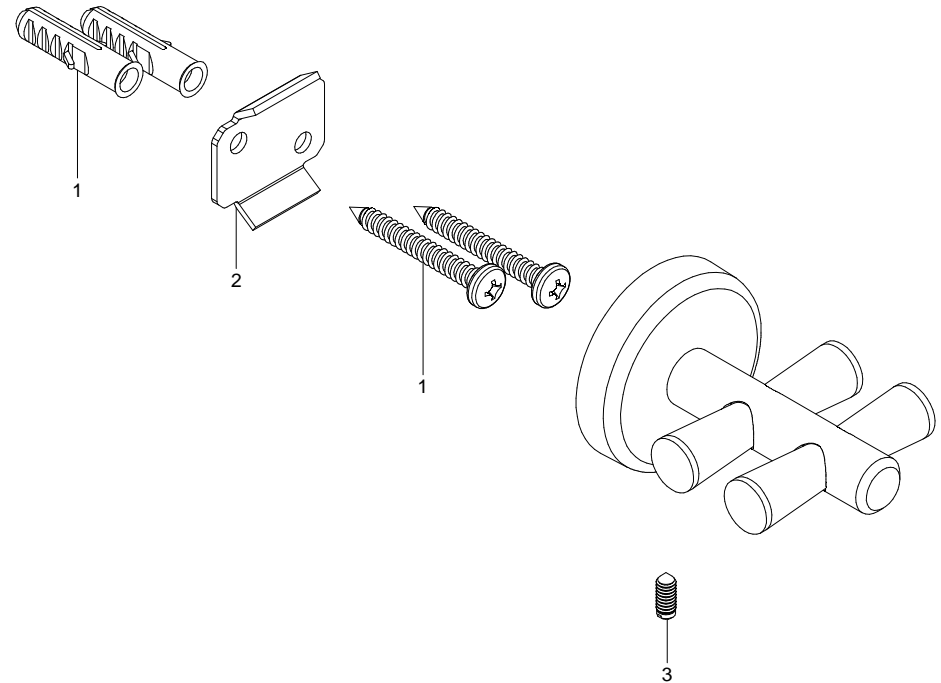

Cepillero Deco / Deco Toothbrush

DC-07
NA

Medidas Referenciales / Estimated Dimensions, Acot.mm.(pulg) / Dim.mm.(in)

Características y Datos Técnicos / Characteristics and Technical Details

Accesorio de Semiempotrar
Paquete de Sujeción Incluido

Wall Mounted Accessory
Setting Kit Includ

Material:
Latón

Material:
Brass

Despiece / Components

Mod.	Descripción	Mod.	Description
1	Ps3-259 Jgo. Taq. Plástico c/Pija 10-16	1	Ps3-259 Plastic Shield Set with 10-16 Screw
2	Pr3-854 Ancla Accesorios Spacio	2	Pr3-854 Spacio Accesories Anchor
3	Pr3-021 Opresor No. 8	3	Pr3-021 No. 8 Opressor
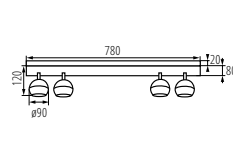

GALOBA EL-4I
- - -
WHAT IS BEING ASKED: Working from the records above, write out verbatim only the lines from the line containing "Wall Mounted Accessory" through the line containing "Spacio Accesories Anchor".

ANSWER BELOW:
Wall Mounted Accessory
Setting Kit Includ

Material:
Latón

Material:
Brass

Despiece / Components

Mod.	Descripción	Mod.	Description
1	Ps3-259 Jgo. Taq. Plástico c/Pija 10-16	1	Ps3-259 Plastic Shield Set with 10-16 Screw
2	Pr3-854 Ancla Accesorios Spacio	2	Pr3-854 Spacio Accesories Anchor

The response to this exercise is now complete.